Le développement est également entravé par la corruption pratiquée par les autorités et les dirigeants des Forces Nouvelles depuis le début de la crise politique, il y a huit ans, a dit M. Drissa, l’avocat spécialisé dans les droits humains. Comme dans de nombreux pays de la région, la mauvaise gouvernance, plutôt que les faibles revenus de l’État, est le principal problème.



« S’il n’y avait pas eu de crise politique, des fonds provenant des zones contrôlées par les rebelles auraient intégré les coffres de l’État, au lieu d’enrichir certains individus », a dit M. Drissa. « En même temps, il y a eu d’importants détournements de fonds publics. Malgré la crise, si les fonds de l’État avaient été mieux gérés, ils auraient permis de satisfaire davantage de besoins de la population ».



L’équipe du président Gbagbo et ses partisans disent régulièrement qu’il a lancé un message de bonne gouvernance en ordonnant, en juin, une enquête sur les accusations de corruption contre le ministre de l’Intérieur, Desiré Tagro, un de ses plus proches alliés politiques.

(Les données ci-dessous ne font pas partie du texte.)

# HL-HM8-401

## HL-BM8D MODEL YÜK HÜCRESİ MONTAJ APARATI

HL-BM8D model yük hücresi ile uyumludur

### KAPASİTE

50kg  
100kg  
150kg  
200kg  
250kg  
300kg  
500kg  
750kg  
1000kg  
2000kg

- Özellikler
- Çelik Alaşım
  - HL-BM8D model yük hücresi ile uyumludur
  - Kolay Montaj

Le procureur a innocenté M. Tagro des accusations de détournement de fonds publics, alléguant un manque de preuve. Une enquête parlementaire sur le possible rôle de M. Tagro dans une affaire de pots-de-vin est également en cours, mais les membres des chambres législatives qui doivent statuer sur cette affaire n’ont pas été élus depuis cinq ans.



Le porte-parole du groupe rebelle des Forces Nouvelles, Felicien Sekongo, a dit à IRIN que les autorités de son mouvement ne participaient pas à des détournements de fonds. « Les gens déclarent toutes sortes de choses qui nous étonnent. Nous sommes ici pour nous battre pour le peuple. Cette lutte n’est pas destinée à nous enrichir… Il est vrai que la population souffre, mais c’est parce que la crise continue ».



Un nouvel accord ?



Des employés du secteur public ont averti qu’il ne fallait pas considérer les élections comme un remède miracle contre des maux sociaux profondément enracinés.

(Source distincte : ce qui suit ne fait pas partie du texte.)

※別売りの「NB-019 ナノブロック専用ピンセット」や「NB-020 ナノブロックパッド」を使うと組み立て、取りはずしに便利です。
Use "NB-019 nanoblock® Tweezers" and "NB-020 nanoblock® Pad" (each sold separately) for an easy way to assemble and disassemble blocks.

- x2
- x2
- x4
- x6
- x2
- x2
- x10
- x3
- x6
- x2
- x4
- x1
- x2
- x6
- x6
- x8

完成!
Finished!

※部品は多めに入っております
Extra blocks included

« Les choses vont-elles changer en cas d’élections ? Personnellement, je ne pense pas », a dit M. Koné. « La classe politique manque d’imagination. En ce qui concerne l’éducation, il faut trouver une autre solution. Sinon ce pays continuera à avoir 40 ou 50 de retard par rapport à son potentiel ».

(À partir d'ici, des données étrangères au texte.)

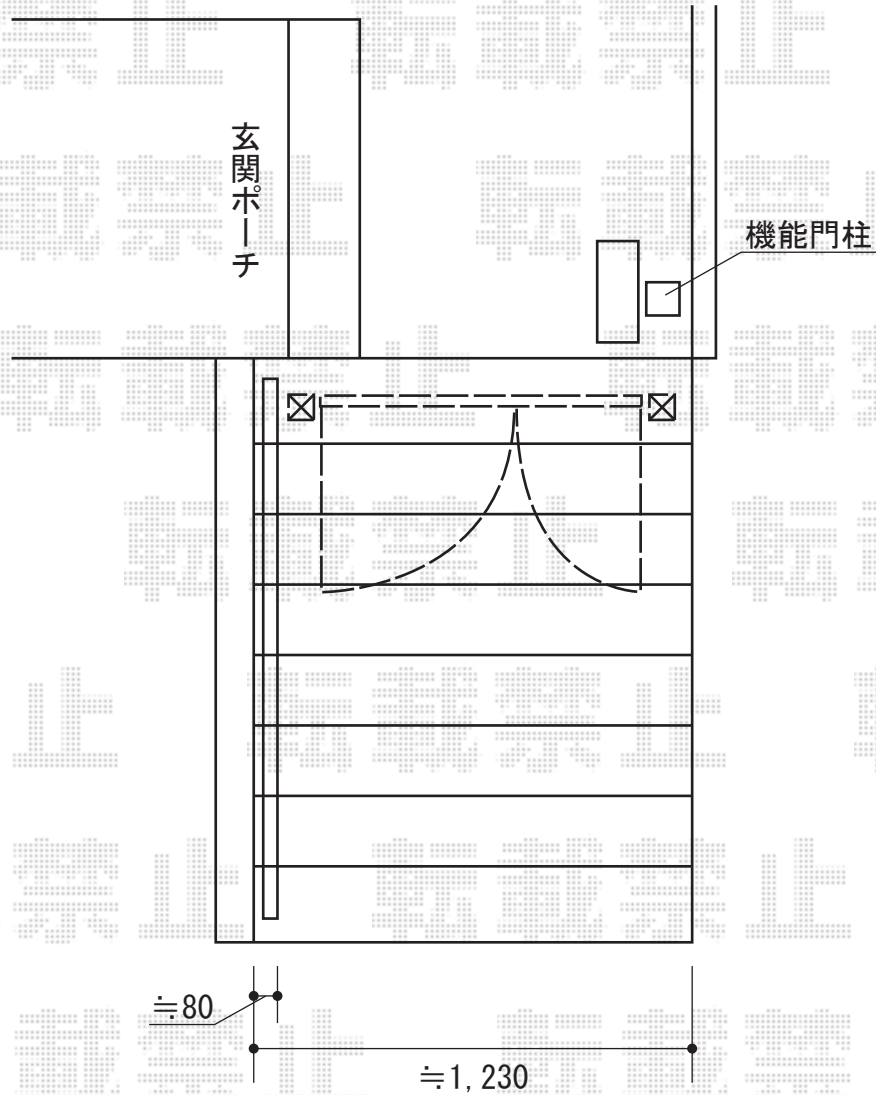

プリオ R1型 両開き親子仕様 柱使用

TOEX 【特注】プリオ R1型 両開き親子仕様 柱使用  
扉1枚 (W×H) = (300・600×1,000mm)  
色：シャイングレー  
錠：シリンダーRD錠  
開き：外開き  
追加部材：外開き用部材

現場状況や作図制限により概略図の内容と多少の違いが生じることがございます。  
施工時は、現場優先とさせて頂きたく思いますので、お立会い頂き、  
最終のご指示のほど、何卒、宜しくお願い致します。

Mais d’autres pensent que les élections sont toujours une condition sine qua non. « Des fonds publics vont-ils être débloqués si des élections ont lieu ? Eh bien, nous attendons juste que les élections aient vraiment lieu, parce que peut-être que le nouveau président proposera au moins un nouvel accord », a dit M. Kouadio à IRIN.



« Les élections ne vont pas résoudre tous nos problèmes », a dit M. Drissa. « Mais elles vont au moins nous permettre de retrouver une situation politique normale. Le pays sera à nouveau uni et le gouvernement pourra commencer à se concentrer sur le peuple, car pour l’instant toute l’attention est portée sur la crise. Les élections sont une première étape vers la résolution de nos problèmes », a-t-il ajouté.